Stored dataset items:

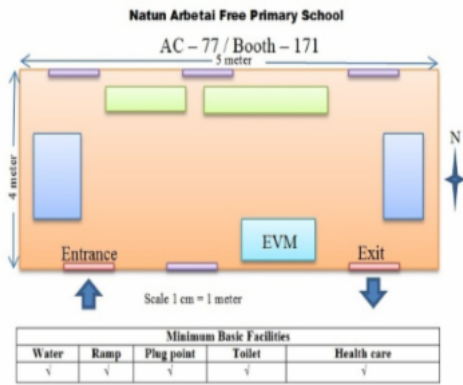

নির্বাচক নিবন্ধন আধিকারিকের স্বাক্ষর

Nazri Naksha

Google Map View

Polling Station Building Front View

Polling Station Front View

Cad View

Key MAP View

1 নাম : হাসিবুর রহমান পিতার নাম: কিতাই মল্লিক বাড়ির নং : n0113 বয়স : 35 লিঙ্গ : পুরুষ	WPL1152198 ফটো উপলব্ধ	2 নাম : মসনাহার বিবি স্বামীর নাম: ফারুক মল্লিক বাড়ির নং : n0202 বয়স : 36 লিঙ্গ : মহিলা	WPL1152362 ফটো উপলব্ধ	3 নাম : আফিজা খাতুন পিতার নাম: মশির বিশ্বাস বাড়ির নং : n0254 বয়স : 28 লিঙ্গ : মহিলা	WPL1856475 ফটো উপলব্ধ
4 নাম : ফেরদৌসী বিবি স্বামীর নাম: আব্দুল্লা হিল কাফি সেখ বাড়ির নং : n0163 বয়স : 38 লিঙ্গ : মহিলা	WPL1259415 ফটো উপলব্ধ	5 নাম : আব্দুল্লা হিল কাফি পিতার নাম: গোলাম জিকরিয়া বাড়ির নং : n0163 বয়স : 37 লিঙ্গ : পুরুষ	WPL1332881 ফটো উপলব্ধ	6 নাম : আল্পনা বিবি স্বামীর নাম: আব্দুল্লা হিল মাফি বাড়ির নং : n0163 বয়স : 28 লিঙ্গ : মহিলা	WPL1816198 ফটো উপলব্ধ
7 নাম : হারফুন মল্লিক স্বামীর নাম: কিতাই মল্লিক বাড়ির নং : n0113 বয়স : 53 লিঙ্গ : মহিলা	WPL2204105 ফটো উপলব্ধ	8 নাম : সাগর আলি মল্লিক পিতার নাম: আইনুদ্দিন মল্লিক বাড়ির নং : n0113 বয়স : 38 লিঙ্গ : পুরুষ	WPL0761700 ফটো উপলব্ধ	9 নাম : নাগুরী খাতুন স্বামীর নাম: রমজান সেখ বাড়ির নং : n00 বয়স : 33 লিঙ্গ : মহিলা	WPL1636406 ফটো উপলব্ধ
10 নাম : রেশমিনা খাতুন পিতার নাম: কাদের আলী মন্ডল বাড়ির নং : n000 বয়স : 30 লিঙ্গ : মহিলা	WPL1817162 ফটো উপলব্ধ	11 নাম : সাবিনা খাতুন পিতার নাম: হবিবুর রহমান সেখ বাড়ির নং : N000 বয়স : 30 লিঙ্গ : মহিলা	WPL1674605 ফটো উপলব্ধ	12 নাম : মানউল্লা মল্লিক পিতার নাম: ছায়াফত মল্লিক বাড়ির নং : n0113 বয়স : 55 লিঙ্গ : পুরুষ	WPL2380087 ফটো উপলব্ধ
13 নাম : ওয়াসিম আক্রাম পিতার নাম: কিতাই মল্লিক বাড়ির নং : n0113 বয়স : 27 লিঙ্গ : পুরুষ	WPL1906882 ফটো উপলব্ধ	14 নাম : মহঃ গোলাম জিকরিয়া পিতার নাম: মহঃ নজির হোসেন সেখ বাড়ির নং : n0163 বয়স : 70 লিঙ্গ : পুরুষ	FJN1348440 ফটো উপলব্ধ	15 নাম : আব্দুল্লা হিল কাফি সেখ পিতার নাম: মহঃ গোলাম জিকরিয়া বাড়ির নং : n0163 বয়স : 42 লিঙ্গ : পুরুষ	FJN2166791 ফটো উপলব্ধ
16 নাম : শেফালী খাতুন স্বামীর নাম: হাসিবুর রহমান বাড়ির নং : n0113 বয়স : 29 লিঙ্গ : মহিলা	WPL1815794 ফটো উপলব্ধ	17 নাম : মাজেরা মল্লিক স্বামীর নাম: আয়নুদ্দিন মল্লিক বাড়ির নং : n0113 বয়স : 56 লিঙ্গ : মহিলা	FJN1347780 ফটো উপলব্ধ	18 নাম : রওশনারা বিবি স্বামীর নাম: মোঃ গোলাম জিকরিয়া বাড়ির নং : n0163 বয়স : 61 লিঙ্গ : মহিলা	FJN1348861 ফটো উপলব্ধ
19 নাম : আইনুদ্দিন পিতার নাম: ছায়াফত মল্লিক বাড়ির নং : n0113 বয়স : 60 লিঙ্গ : পুরুষ	FJN1346055 ফটো উপলব্ধ	20 নাম : সবেল রাসুফ পিতার নাম: মনতাজ উদ্দিন বাড়ির নং : n0221 বয়স : 27 লিঙ্গ : পুরুষ	WPL1906825 ফটো উপলব্ধ	21 নাম : মনতাজউদ্দিন পিতার নাম: আরমান আলি মহলদার বাড়ির নং : n0221 বয়স : 62 লিঙ্গ : পুরুষ	WPL2379477 ফটো উপলব্ধ
22 নাম : কিতাই মল্লিক পিতার নাম: ছায়াফত মল্লিক বাড়ির নং : n0113 বয়স : 56 লিঙ্গ : পুরুষ	FJN1349430 ফটো উপলব্ধ	23 নাম : সারোয়ার হোসেন পিতার নাম: মনতাজউদ্দিন বাড়ির নং : n0221 বয়স : 27 লিঙ্গ : পুরুষ	WPL2583227 ফটো উপলব্ধ	24 নাম : মানিকুল ইসলাম মল্লিক পিতার নাম: আইনুদ্দিন মল্লিক বাড়ির নং : n0113 বয়স : 27 লিঙ্গ : পুরুষ	WPL2457943 ফটো উপলব্ধ
25 নাম : সারিকুল মল্লিক পিতার নাম: মানউল্লা মল্লিক বাড়ির নং : n0113 বয়স : 22 লিঙ্গ : পুরুষ	WPL2606598 ফটো উপলব্ধ	26 নাম : কোরবান আলি দফাদার পিতার নাম: তিনু দফাদার বাড়ির নং : n0001 বয়স : 79 লিঙ্গ : পুরুষ	WPL2380848 ফটো উপলব্ধ	27 নাম : আব্দুর রাজ্জাক দফাদার পিতার নাম: কোরবান আলী দফাদার বাড়ির নং : n0001 বয়স : 40 লিঙ্গ : পুরুষ	FJN2377877 ফটো উপলব্ধ
28 নাম : সাবিনা ইফরাসিম স্বামীর নাম: উসমান গনি সেখ বাড়ির নং : n0158 বয়স : 28 লিঙ্গ : মহিলা	THC1778174 ফটো উপলব্ধ	29 নাম : আবুহেনা মোস্তাফা কামাল মল্লিক পিতার নাম: ইউসুফ আলি মল্লিক বাড়ির নং : n0032 বয়স : 60 লিঙ্গ : পুরুষ	FJN1346444 ফটো উপলব্ধ	30 নাম : নাসিম আলম মল্লিক পিতার নাম: নুরুল হুদা মল্লিক বাড়ির নং : n0032 বয়স : 32 লিঙ্গ : পুরুষ	WPL1410869 ফটো উপলব্ধ

EXERCISE BRIEF:
Each line of the records above that includes the string "Front" should be counted. Report the total alone.

WRITTEN ANSWER:
2